# YOUR GOAL
Please copy, exactly as written, the span from the first line below to the line that contains "熊本市 熊本市教育委員会", including both, and skip the pictures.

---------- DATA FOR THIS EXERCISE ----------

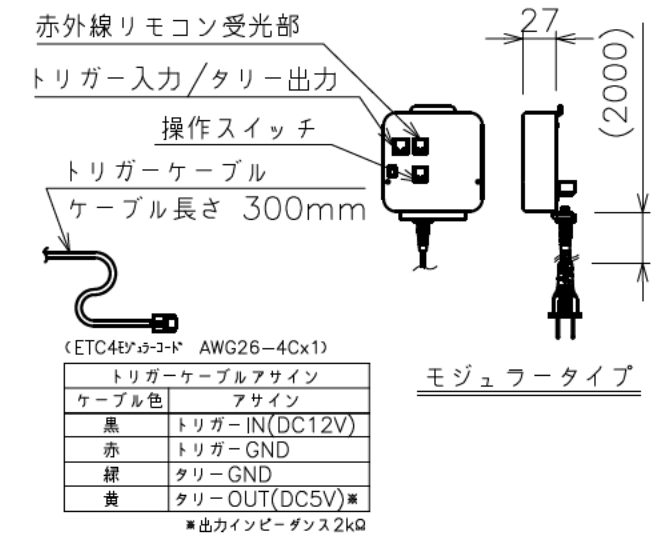

サイドブラケット(S=1/8)

注 記

1. スイッチボックス、一次・二次電気配線、配管工事、及び配線材料は別途となります。
2. 赤外線リモコンセットをお使いの場合、インバーター照明下では受信感度が低下し、到達距離が短くなる場合があります。
3. 外形寸法は、小数点以下を切上げております。

モーター	ローラー内蔵型
モーター定格電圧	AC100V 50/60Hz
モーター定格電流	0.96A
モーター定格運転時間	4min
制御信号電圧	DC5V
昇降速度	50Hz: 67・60Hz: 80(mm/sec)

スクリーン生地	レイロドール (HF102)
スクリーンケース	シンメトリーケース
フロントパネル	色: 黒(日塗工N-10 5分つや)相当 脱着可能
機 構	テンションアジャスト・サイドテンション方式
質 量	35.1Kg
アスペクト比	HDタイプ (16:9)
付 属 品	赤外線リモコン送信機/受光部 ×1
オプション	壁埋込スイッチ(S-R2)
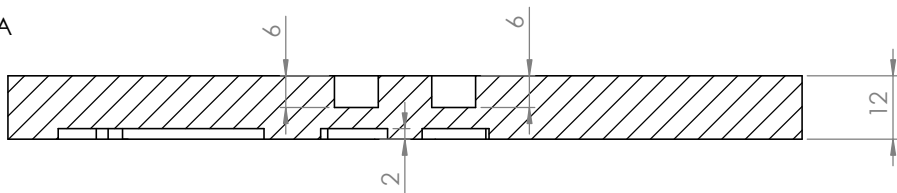

formes suivant fichier step

A-A

<p>A3 Echelle 1:1 Tol Gén: +/-0.2</p>	Matière: Alu 2017A-AU4G	Quantité: 01
	Observation: -	26/07/2024
<p>Désignation: ARL-DN04-A-PN-V-C--01-A-base</p>		
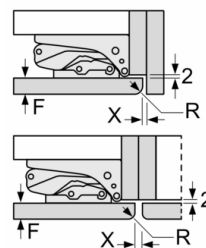

Maße in mm
Empfehlung Spaltmaße für Flachscharnier

	F	R	X
16-19	0-3	2,5	
	0-1	3	
20	2-3	2,5	
	0-1	3	
21	2-3	2,5	
	0	4	
	1	3,5	
22	2-3	3	

Die in der Tabelle empfohlenen Spaltmaße sind einzuhalten, um eine kollisionsfreie Öffnung der Gerätetüre zu gewährleisten und Beschädigungen am Küchenmöbel zu vermeiden.
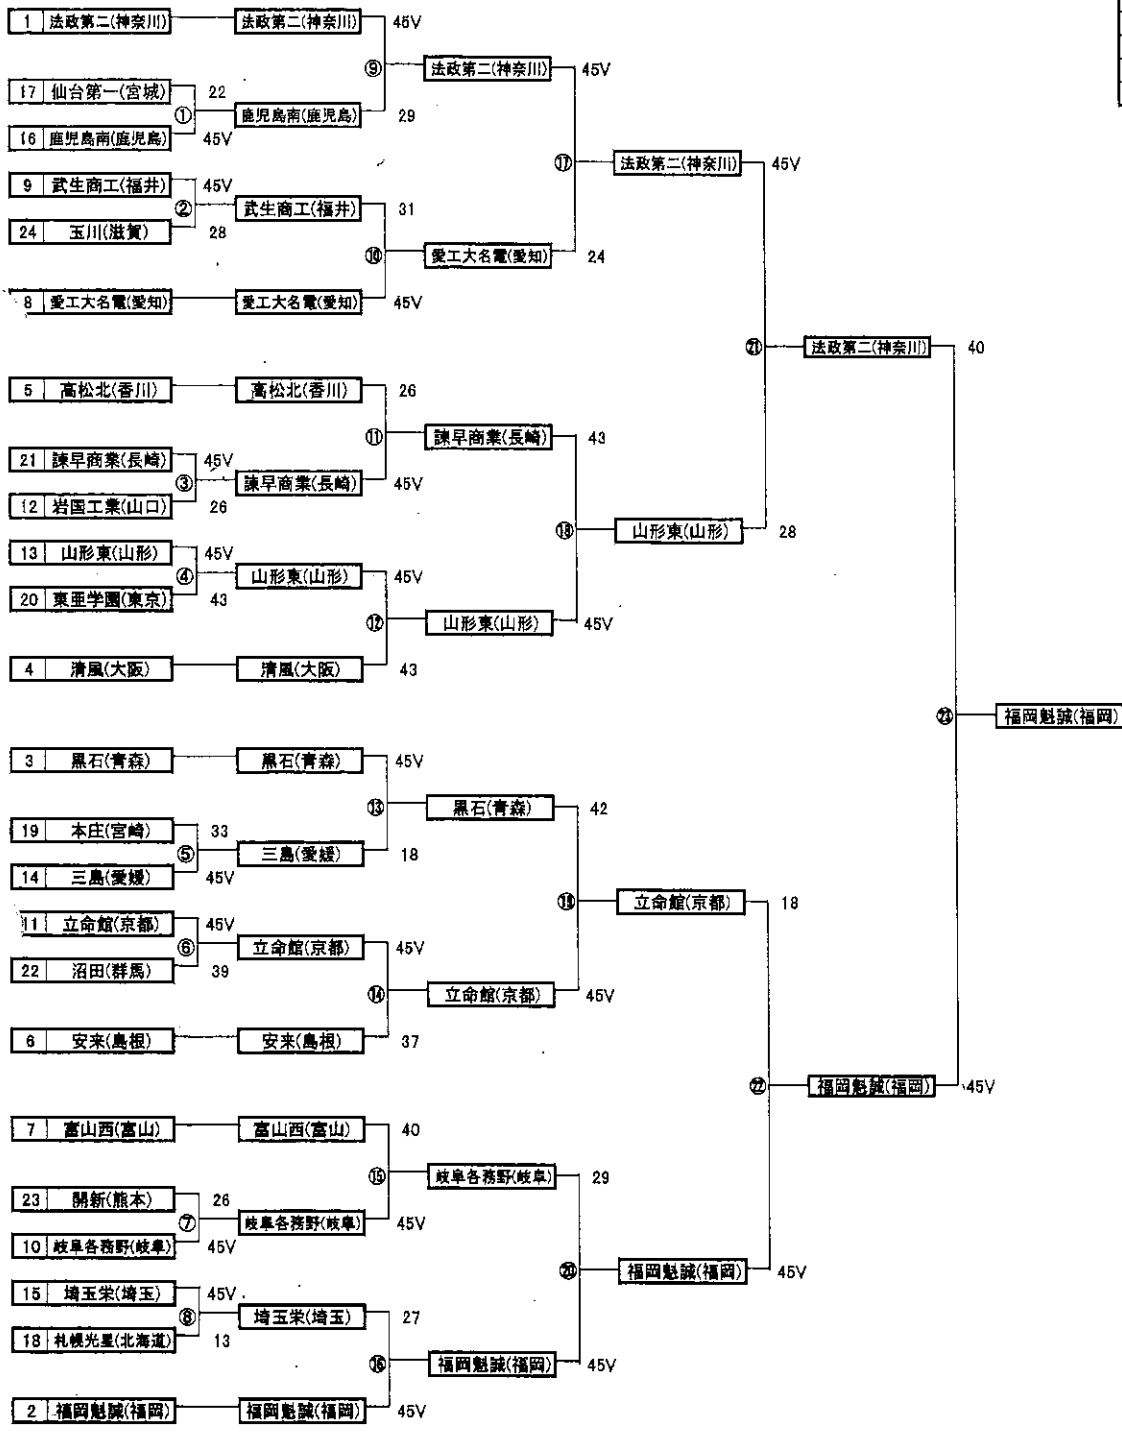

第46回 全国高等学校選抜フェンシング大会
男子サーブル トーナメント

主催 (公社)日本フェンシング協会
後援 スポーツ庁 熊本県 熊本県教育委員会
熊本市 熊本市教育委員会
主管 (公財)熊本県スポーツ協会 熊本県高等学校体育連盟
(公財)全国高等学校体育連盟フェンシング専門部
熊本県高等学校体育連盟フェンシング専門部
熊本県フェンシング協会
期日 令和4年3月26日(金)~3月27日(日)
場所 熊本県立総合体育館

最終順位	
1	福岡魁誠(福岡)
2	法政第二(神奈川)
3	山形東(山形)
3	立命館(京都)

大観

----------

# OUTPUT FOR THIS TASK
サイドブラケット(S=1/8)

注 記

1. スイッチボックス、一次・二次電気配線、配管工事、及び配線材料は別途となります。
2. 赤外線リモコンセットをお使いの場合、インバーター照明下では受信感度が低下し、到達距離が短くなる場合があります。
3. 外形寸法は、小数点以下を切上げております。

モーター	ローラー内蔵型
モーター定格電圧	AC100V 50/60Hz
モーター定格電流	0.96A
モーター定格運転時間	4min
制御信号電圧	DC5V
昇降速度	50Hz: 67・60Hz: 80(mm/sec)

スクリーン生地	レイロドール (HF102)
スクリーンケース	シンメトリーケース
フロントパネル	色: 黒(日塗工N-10 5分つや)相当 脱着可能
機 構	テンションアジャスト・サイドテンション方式
質 量	35.1Kg
アスペクト比	HDタイプ (16:9)
付 属 品	赤外線リモコン送信機/受光部 ×1
オプション	壁埋込スイッチ(S-R2)

formes suivant fichier step

A-A

<p>A3 Echelle 1:1 Tol Gén: +/-0.2</p>	Matière: Alu 2017A-AU4G	Quantité: 01
	Observation: -	26/07/2024
<p>Désignation: ARL-DN04-A-PN-V-C--01-A-base</p>		

Maße in mm
Empfehlung Spaltmaße für Flachscharnier

	F	R	X
16-19	0-3	2,5	
	0-1	3	
20	2-3	2,5	
	0-1	3	
21	2-3	2,5	
	0	4	
	1	3,5	
22	2-3	3	

Die in der Tabelle empfohlenen Spaltmaße sind einzuhalten, um eine kollisionsfreie Öffnung der Gerätetüre zu gewährleisten und Beschädigungen am Küchenmöbel zu vermeiden.

第46回 全国高等学校選抜フェンシング大会
男子サーブル トーナメント

主催 (公社)日本フェンシング協会
後援 スポーツ庁 熊本県 熊本県教育委員会
熊本市 熊本市教育委員会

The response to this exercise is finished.